*SUPPLIED ENTRIES:*

.....

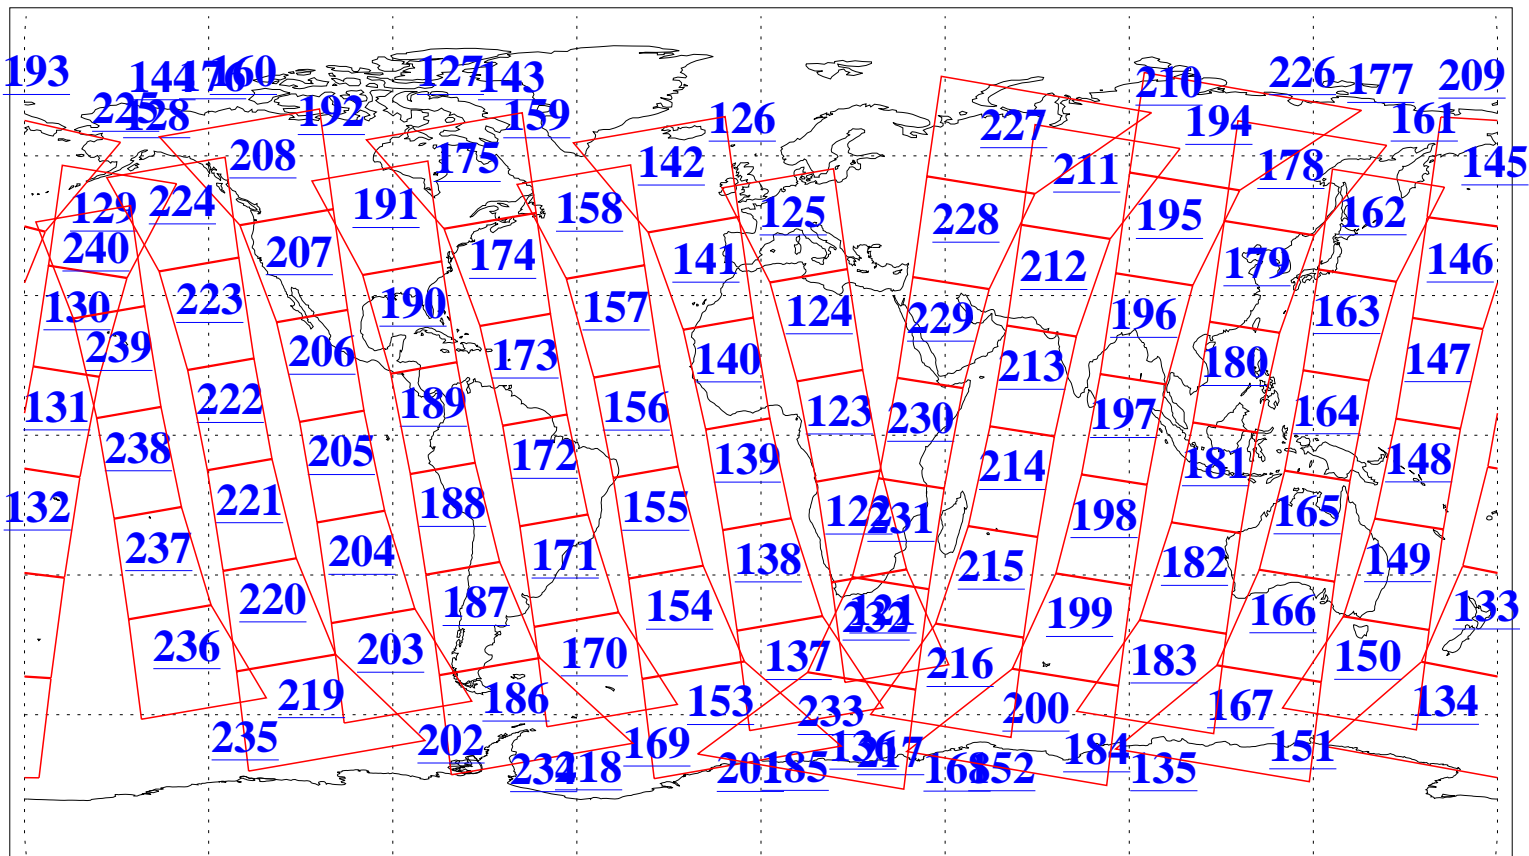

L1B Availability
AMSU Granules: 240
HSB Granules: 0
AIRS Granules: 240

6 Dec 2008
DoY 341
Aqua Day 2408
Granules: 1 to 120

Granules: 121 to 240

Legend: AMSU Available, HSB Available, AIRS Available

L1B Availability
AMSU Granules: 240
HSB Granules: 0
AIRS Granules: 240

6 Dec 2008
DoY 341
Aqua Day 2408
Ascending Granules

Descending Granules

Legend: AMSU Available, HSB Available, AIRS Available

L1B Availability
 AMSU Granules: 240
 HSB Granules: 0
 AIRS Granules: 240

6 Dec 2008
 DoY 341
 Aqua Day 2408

.....

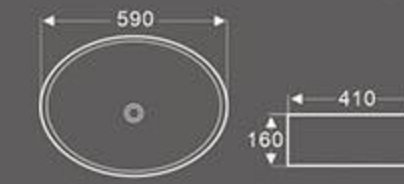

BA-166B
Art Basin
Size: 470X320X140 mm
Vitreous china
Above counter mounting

.....

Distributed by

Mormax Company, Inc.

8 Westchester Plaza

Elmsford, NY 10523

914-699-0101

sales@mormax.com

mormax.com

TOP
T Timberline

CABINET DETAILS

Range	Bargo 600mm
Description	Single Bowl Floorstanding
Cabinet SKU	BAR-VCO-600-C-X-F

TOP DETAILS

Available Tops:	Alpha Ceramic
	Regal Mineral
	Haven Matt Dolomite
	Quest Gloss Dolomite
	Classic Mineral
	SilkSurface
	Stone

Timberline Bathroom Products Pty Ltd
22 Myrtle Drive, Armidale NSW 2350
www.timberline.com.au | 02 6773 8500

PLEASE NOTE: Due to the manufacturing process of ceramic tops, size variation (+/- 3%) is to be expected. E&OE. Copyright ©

.....

Begin at the line above that has "CABINET DETAILS" and stop after the line that has "PLEASE NOTE: Due", copying each line exactly and adding nothing else.

CABINET DETAILS

Range	Bargo 600mm
Description	Single Bowl Floorstanding
Cabinet SKU	BAR-VCO-600-C-X-F

TOP DETAILS

Available Tops:	Alpha Ceramic
	Regal Mineral
	Haven Matt Dolomite
	Quest Gloss Dolomite
	Classic Mineral
	SilkSurface
	Stone

Timberline Bathroom Products Pty Ltd
22 Myrtle Drive, Armidale NSW 2350
www.timberline.com.au | 02 6773 8500

PLEASE NOTE: Due to the manufacturing process of ceramic tops, size variation (+/- 3%) is to be expected. E&OE. Copyright ©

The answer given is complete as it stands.